Wednesday
Jan112012

Cultural Black Holes

Perhaps the best story The Onion has ever done, a family found alive in the suburbs:

Upon discovery, the family was rushed back to civilization. Attempts to reassimilate the Holsapples into metropolitan living with a trip to the Art Institute of Chicago and dinner at a nice Peruvian restaurant were met with resistance.

“When we got to the museum, the family became quite agitated,” psychologist Dr. Allan Green said. “Jay kept calling all the modern art ‘weird’ and Meredith said, ‘If we wanted to look at art, we could just go to Deck The Walls at the mall.’”

Green feared that the family was not ready to rejoin urban life after having received little or no cultural stimuli in the suburbs for nearly a decade.

Indeed, the suburbs are cultural black holes, sucking dry everything interesting about mankind. In its place: cars, gigantic streets, parking lots, bigger cars, 23¢ off toothpaste, carefully manicured street medians, stores that are 150 yards or more from the street, even bigger cars, and rows and rows of lawns.

Surely the epitome of suburban life is the lawn: an utterly useless and void patch of grass. Too small to use as a field for recreational activities. Just big enough to warrant the purchase of a gas-powered lawn mower. A facade of country living at best, the suburban lawn drains time, money, and resources from its owners, giving nothing in return.

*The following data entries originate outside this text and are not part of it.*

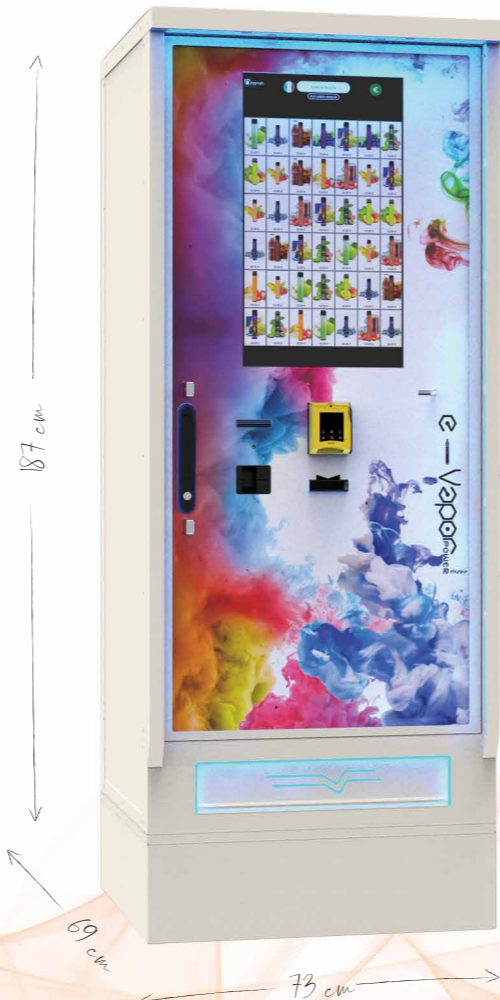

Mit der neuen e-Vapor-Serie
kontrollieren Sie den Verkauf
bequem vom zu Hause.

ERWEITERN
SIE IHREN
VERKAUFS
HORIZONT

BABY E-VAPOR

18 Auswahlen
über 300 Produkte
flüssiges Format
neuer 21"- Bildschirm

XL E-VAPOR

60 Auswahlen
1100 Produkte
flüssiges Format
76 fakultative
Auswahlmöglichkeiten
neuer 27"- Bildschirm

L E-VAPOR

40 Auswahlen
700 Produkte
flüssiges Format
54 optional
Auswahlmöglichkeiten
neuer 21"- Bildschirm

Optionale Elemente

-  **Das Smart Dashboard** NEW
modifiziert Preise, Bilder und Beschreibungen, erstellt Rabatte. Erstellen Sie Ihre Kommunikation mit Ihren Kunden mit Bildern und Videos, alles bequem von zu Hause.
-  **Europäischer Personalausweisleser**
Er liest die Personalausweise der meisten europäischen Länder. Er verhindert, dass Minderjährige am Automaten einkaufen.
-  **Kreditkartenleser**
Das Lesegerät akzeptiert Kreditkarten, Prepaid-Karten und private Karten, liest kontaktlos, Chip oder magnetisch.
-  **Personalisierte Grafiken**
in der Vordertür können Sie Ihr Logo und Ihre Farben setzen.
-  **Beleuchtetes Vordach**
Es wird zum Schutz von Witterungseinflüssen empfohlen, mit Namen anpassbar.

Futhermore, lawns push everything farther apart. Lawns cover more surface area in the US than irrigated corn. Farther apart means more time spent in cars, driving around. Arcade Fire put it well in their album, The Suburbs, where this lyric is found in two songs:

First they built the road
Then they built the town
That’s why we’re still driving around
And around and around and around and around
And around and around and around and around
And around and around and around and around

Less time in real places. With real people. Two things the suburbs were engineered to keep us away from.